CUDA vs. win32 Fibers Can a fiber store a CUDA device context?

I’ve been attempting to get multiple devices working well together, but it has resulted in a all out war against the Windows thread schedular, particularily since I have more devices than CPU cores.

I’ve managed to get fairly high efficiency by using cudaDeviceScheduleYield and juggling thread priorities, but it still remains a battle getting Windows to schedule the right threads, rather than constantly rescheduling the thread that just yielded. This results in starved GPUs when the associated control thread is not scheduled in a timely fashion.

This brings me to my question - does a win32 fiber retain enough context to maintain a CUDA device context? Alternately, is there a way to control thread scheduling in a cooperative fashion? 30ms latency for threads to be scheduled just doesn’t cut it…

Have you tried the blocking sync instead of cudaDeviceScheduleYield?
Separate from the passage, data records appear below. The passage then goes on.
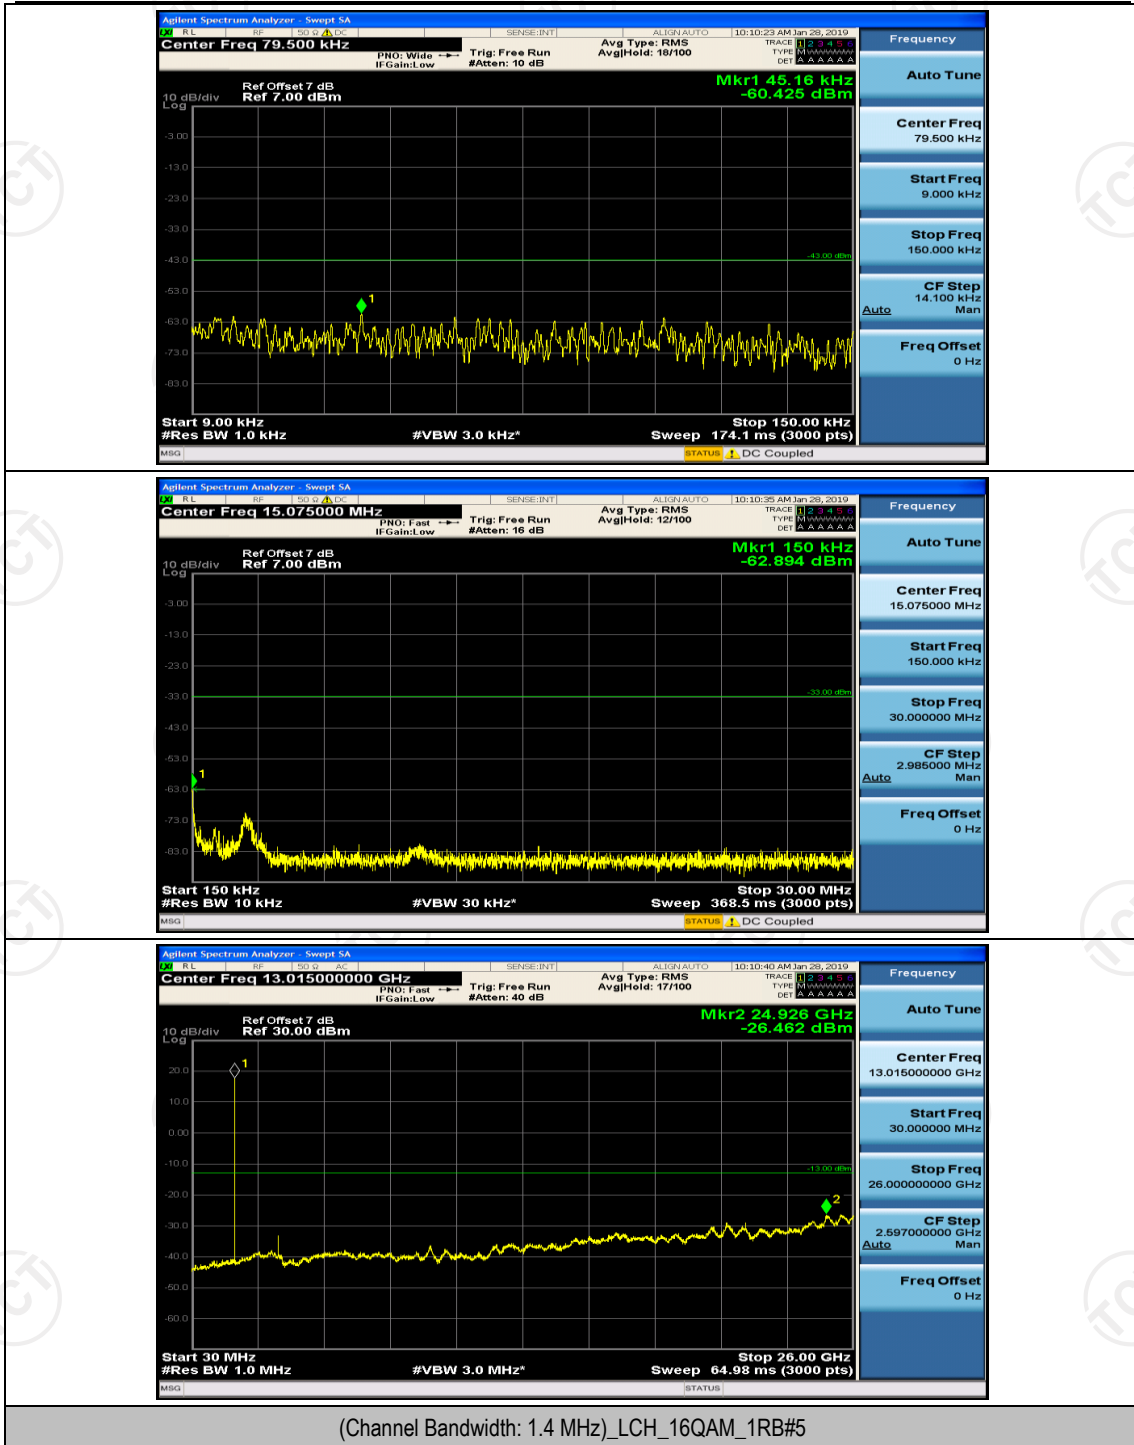

(Channel Bandwidth:20 MHz)_HCH_16QAM_100RB#0

Appendix E: Conducted Spurious Emission

Test Graphs

Channel Bandwidth: 1.4 MHz

(Channel Bandwidth: 1.4 MHz)_MCH_QPSK_1RB#0

(Channel Bandwidth: 1.4 MHz)_MCH_QPSK_1RB#3

(Channel Bandwidth: 1.4 MHz)_HCH_QPSK_1RB#0

(Channel Bandwidth: 1.4 MHz)_LCH_16QAM_1RB#0

(Channel Bandwidth: 1.4 MHz)_LCH_16QAM_1RB#3

(Channel Bandwidth: 1.4 MHz)_MCH_16QAM_1RB#0

(Channel Bandwidth: 1.4 MHz)_MCH_16QAM_1RB#3

(Channel Bandwidth: 1.4 MHz)_HCH_16QAM_1RB#0

(Channel Bandwidth: 1.4 MHz)_HCH_16QAM_1RB#3
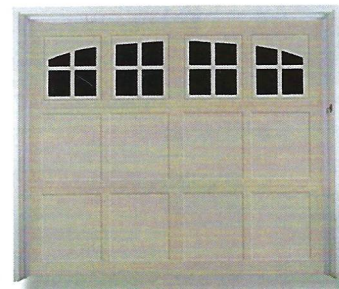

Built with hemlock solid wood frames, these stunning coach house doors are built to last. The man-made flush cladwood panels are uniform in appearance and extremely durable.

Most styles are also available in a raised panel design.

All top section decorative window inserts are routed out of 1/2" exterior MDF and can be backed with various types and colours of plexiglass/real glass.

Square and arched real mahogany top sections also available.

Style 501

Style 502

Style 503

Style 504

Style 505

Style 506

Style 507

Style 508

Yes, blocking sync is a good deal slower.

May be, you should ask Microsoft to release a patch…

See if any Service Pack changes can get you a better scheduler… (Check out the release notes)…

I have seen XP SP3 to handle large VM applications without seg-faulting… The same app would segfault in XP SP2…

You may want to check the Microsoft KB (knowldge base) for any improvements on scheduling

Try using pthreads-win32. You can set the controller in Round robin mode.